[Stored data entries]
┌──

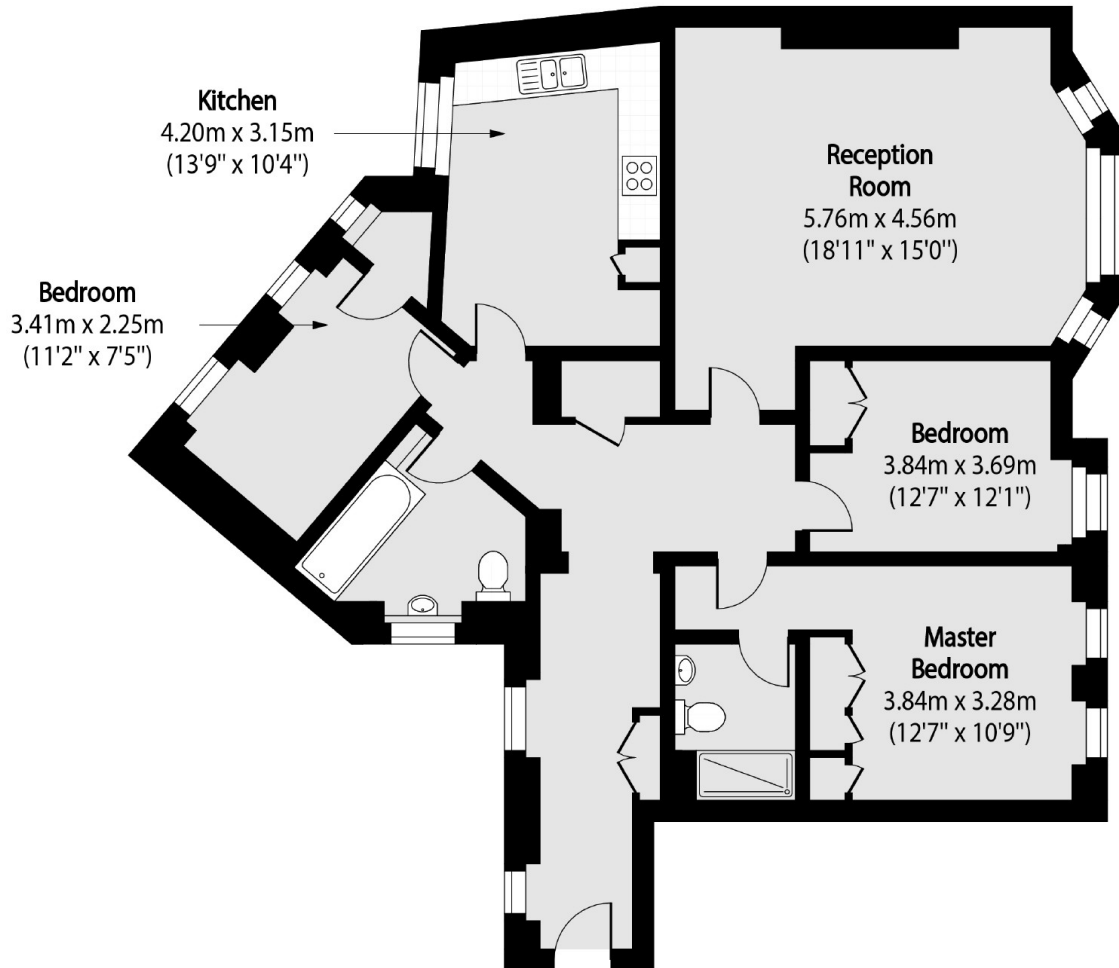

Edith Villas, W14

£3,650 Per calendar month

A beautifully presented three bedroom family home is based in this sought after mansion block. The property features a large and bright reception room, a modern eat in kitchen, three double bedrooms and two bathrooms.

Wellesley Mansions is located on the corner of Edith Villas and North End Road, your closest tubes are West Kensington and Barons Court, along with Kensington Olympia station.

Features

- Three Double Bedrooms
- Two Bathrooms
- No HMO License
- High Ceilings
- Separate Reception
- Mansion Block

Edith Villas,
London, W14

Total area (approx): 108.16 sq m (1164 sq. ft)

└──

◆ **PROBLEM**:
An exact copy is needed of the lines from the one containing "- No HMO License" through the end of the records.

◆ **FINISHED EXERCISE**:
- No HMO License
- High Ceilings
- Separate Reception
- Mansion Block

Edith Villas,
London, W14

Total area (approx): 108.16 sq m (1164 sq. ft)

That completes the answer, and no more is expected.